Payam Javan: Ivan Klíma, a prominent Czech novelist and one of the most influential figures in Central European literature, passed away on Saturday morning, October 4, at the age of 94. The news of his death was announced by his son, Michal Klíma, a journalist and media activist.
Klíma authored more than twenty books that have been translated into over thirty languages. His works, including Love and Garbage, My Merry Mornings, and The Spirit of Prague, earned him an international readership and made him one of the most widely read Czech authors in Iran and beyond.
Born on September 14, 1931, in Prague, Klíma spent part of his childhood in the Terezín labor camp—an experience that profoundly shaped his worldview and writing.

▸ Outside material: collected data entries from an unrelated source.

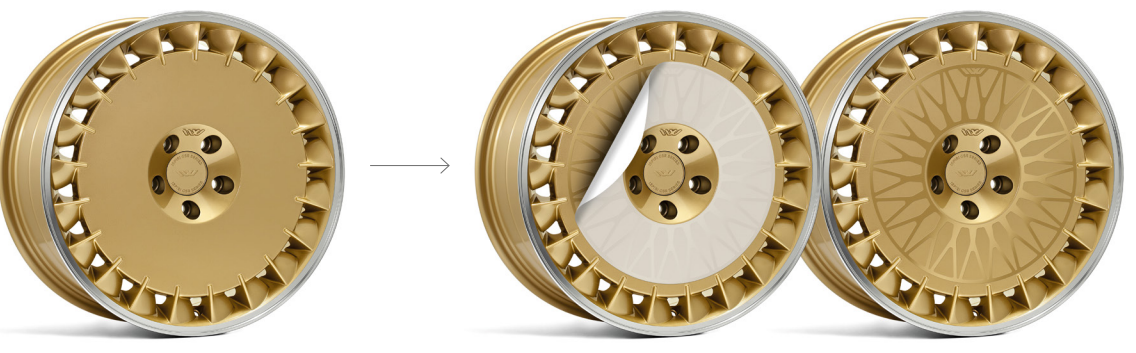

18" CSRDTF - MOTRSPO1T 1 DECAL - SCALE 1:1

Available to buy from Ispiri, cut from sign vinyl for extra durability. Alternatively take this template to a vehicle wrapping specialist to create your own. Ispiri accept no responsibility for decals produced by a 3rd party.

DECAL TEMPLATE
For ease of application cut decal backing paper to create a ring shaped template [marked by dotted lines above].

ACTUAL PRINT SIZE
Do not alter decal graphic in any way!

DECAL POSITION

Match decal positioning to reference below. Use the IW logo embossed on the wheel as a vertical guide.

CORRECT DECAL POSITION

COLOUR OPTIONS

Below are vinyl colour combinations we prefer, use these as a guide or create your own.

VINTAGE GOLD VINYL COLOURS

Matt Gold vinyl

Matt White vinyl

Matt Silver vinyl

CARBON GRAPHITE VINYL COLOURS
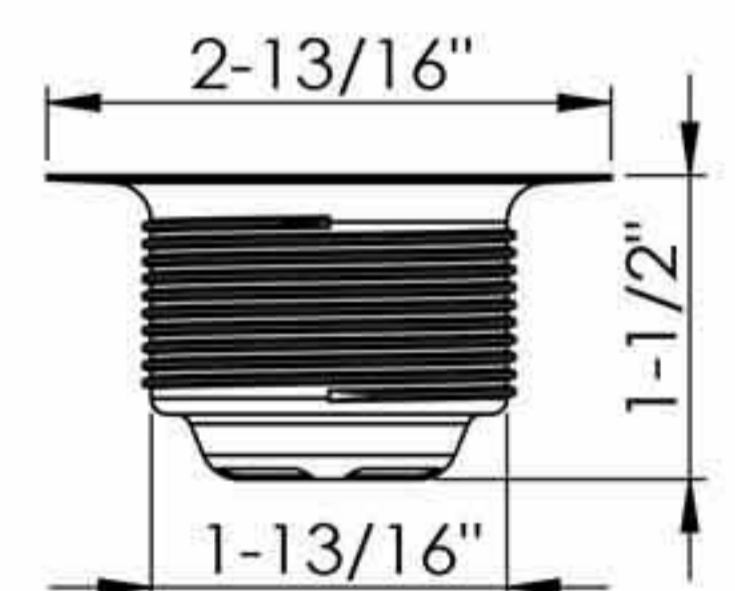

Spring clip post

Spin lock post

Turn and seal basket

Adjustable drop post

Basket Post Style

Bar Sink Strainer

*Fits 1-7/8" to 2-1/4" bar sink opening *Polished or brushed finish

22-006
 Brass bar sink strainer in chrome
 Deep strainer basket
 Zinc lock nut
 YZP zinc coupling nut
 Fits 1-7/8" - 2-1/2" sink opening
 100pcs/20kgs/21kgs/1.7cufts

22-006-BS
 Basket only

22-009
 S.S. bar sink strainer
 Rubber 4 prong basket
 Zinc lock nut
 YZP zinc coupling nut
 Fits 1-7/8" - 2-1/4" sink opening
 100pcs/13kgs/14kgs/1.2cufts

D81-006
 Basket only

22-010 Flat grid strainer set
23-005 3 Prong grid only
 S.S. bar sink strainer
 Zinc lock nut
 YZP zinc coupling nut
 Fits 1-7/8" - 2-1/4" sink opening
 100pcs/13kgs/14kgs/1.2cufts

He rose to literary prominence in the 1960s, but after the suppression of the Prague Spring and his opposition to Communist censorship, he was expelled from the party and banned from publishing. During those years, he worked as a street sweeper, surveyor, and medical orderly, yet continued to write clandestinely, circulating his works as samizdat or publishing them abroad.
After the Velvet Revolution of 1989, Klíma regained the freedom to publish openly, and his books reappeared in Czech bookstores. In the years that followed, he released numerous works, including The Island of the Dead Kings, The Ultimate Intimacy, and his two-volume memoir My Crazy Century. His writing consistently explored the human struggle for dignity and moral integrity under authoritarian regimes.
A longtime president of the Czech Centre of PEN International, Klíma was also an ardent admirer of Karel Čapek, about whom he wrote several books. He married his wife Helena in 1958, and the couple had two children, Michal and Hana. Until his final days, Klíma lived in Prague, where his clear, humane voice and philosophical simplicity secured his place as one of the defining figures of 20th-century Czech literature.